Your objective: Where the line containing "بند- دید از بند" appears, start repeating, and continue exactly through the last line below, adding nothing. Include no pictures.

[Source records]
Content starts
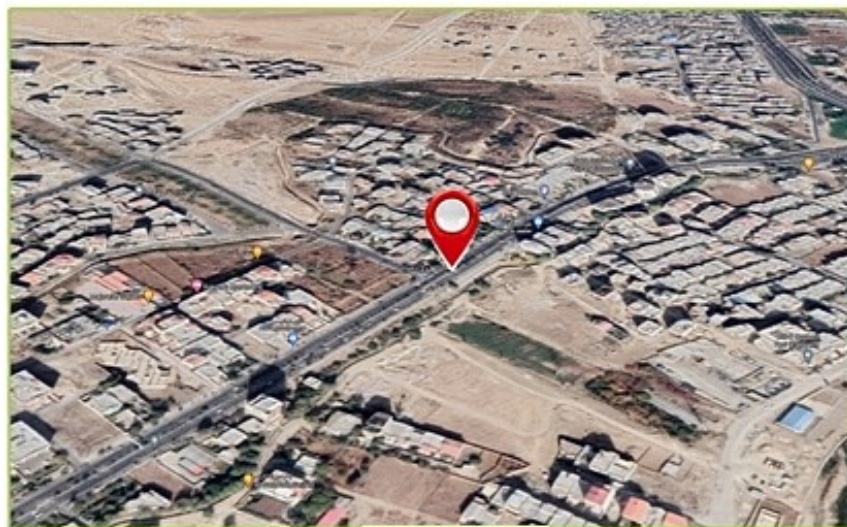

West Azerbaijan
URMIA
• Advertising Agency • Graphic Studio • Photography

۱۲/۵	متر از m	۵	طول m	۲/۵	ارتفاع m	بازویی	نوع سازه	کد: 200
۵۰	میلیون تومان	تعارف ماهیانه	37.516927, 45.026631				نشانی	جام جم - مسیر تفرجگاه بند- دید از بند
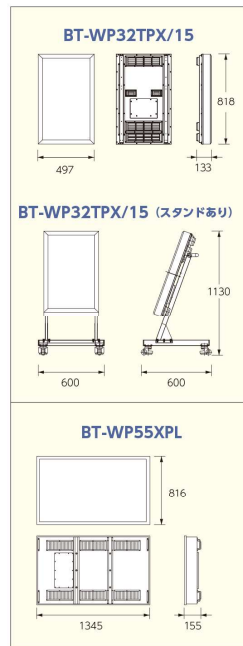

BESTECH

Bestech Display

屋外対応ディスプレイ

主な仕様

品番	BT-WP32TPX/15-SL/-BK	BT-WP55XPL-SL/-BK
ディスプレイ	画面サイズ 32インチ 解像度 1920×1080 アスペクト比 16:9 輝度 1500cd/m² コントラスト比 4000:1 視野角 178°/178°	55インチ 1920×1080 16:9 2500cd/m² 5000:1 178°/178°
入力端子	HDMI IN HDMI OUT DP HDBaseT RS232C	HDMI2.0×2 HDMI2.0×1 DP1.2×1 1(入力)
	RJ45 リモコン 照度センサー	シリアル制御 IR(赤外線) 有
Android	Octa-core, Cortex-A53 2G DDR3+8G Nand Flash Android 7.1.2(Nougat) Ethernet RJ45(1Gbps) WiFi/Bluetooth 11ac, BT4.0 USB 3	D-sub 9Pin×1(入力) D-sub 9Pin×1(出力) シリアル制御 IR(赤外線) 有
記録媒体	Micro SD Card(MAX 32G) USB HDD(up to 2TB)	— —
タッチパネル	○	オプション対応
IP保護等級	IP55	IP65
外形寸法	標準スタンド含む 818×497×133mm 1130×600×600mm	1345×816×155mm
重量	約20Kg	約60Kg
VESA規格	○	○
電源	100~240V、50~60Hz	100~240V、50~60Hz
消費電力	MAX 123Wh スタンバイ 11Wh	380Wh 2Wh
使用範囲	温度 0~50℃ 湿度 (Back LightのOnモード時) -30~50℃ 湿度 20~80%	0~50℃ -30~50℃ 20~80%

外観図

BESTECH

Bestech Display

屋外対応ディスプレイ

BT-WP32TPX/15-SL/-BK

BT-WP55XPL-SL/-BK
Content ends
Task result:
۵۰	میلیون تومان	تعارف ماهیانه	37.516927, 45.026631				نشانی	جام جم - مسیر تفرجگاه بند- دید از بند

BESTECH

Bestech Display

屋外対応ディスプレイ

主な仕様

品番	BT-WP32TPX/15-SL/-BK	BT-WP55XPL-SL/-BK
ディスプレイ	画面サイズ 32インチ 解像度 1920×1080 アスペクト比 16:9 輝度 1500cd/m² コントラスト比 4000:1 視野角 178°/178°	55インチ 1920×1080 16:9 2500cd/m² 5000:1 178°/178°
入力端子	HDMI IN HDMI OUT DP HDBaseT RS232C	HDMI2.0×2 HDMI2.0×1 DP1.2×1 1(入力)
	RJ45 リモコン 照度センサー	シリアル制御 IR(赤外線) 有
Android	Octa-core, Cortex-A53 2G DDR3+8G Nand Flash Android 7.1.2(Nougat) Ethernet RJ45(1Gbps) WiFi/Bluetooth 11ac, BT4.0 USB 3	D-sub 9Pin×1(入力) D-sub 9Pin×1(出力) シリアル制御 IR(赤外線) 有
記録媒体	Micro SD Card(MAX 32G) USB HDD(up to 2TB)	— —
タッチパネル	○	オプション対応
IP保護等級	IP55	IP65
外形寸法	標準スタンド含む 818×497×133mm 1130×600×600mm	1345×816×155mm
重量	約20Kg	約60Kg
VESA規格	○	○
電源	100~240V、50~60Hz	100~240V、50~60Hz
消費電力	MAX 123Wh スタンバイ 11Wh	380Wh 2Wh
使用範囲	温度 0~50℃ 湿度 (Back LightのOnモード時) -30~50℃ 湿度 20~80%	0~50℃ -30~50℃ 20~80%

外観図

BESTECH

Bestech Display

屋外対応ディスプレイ

BT-WP32TPX/15-SL/-BK

BT-WP55XPL-SL/-BK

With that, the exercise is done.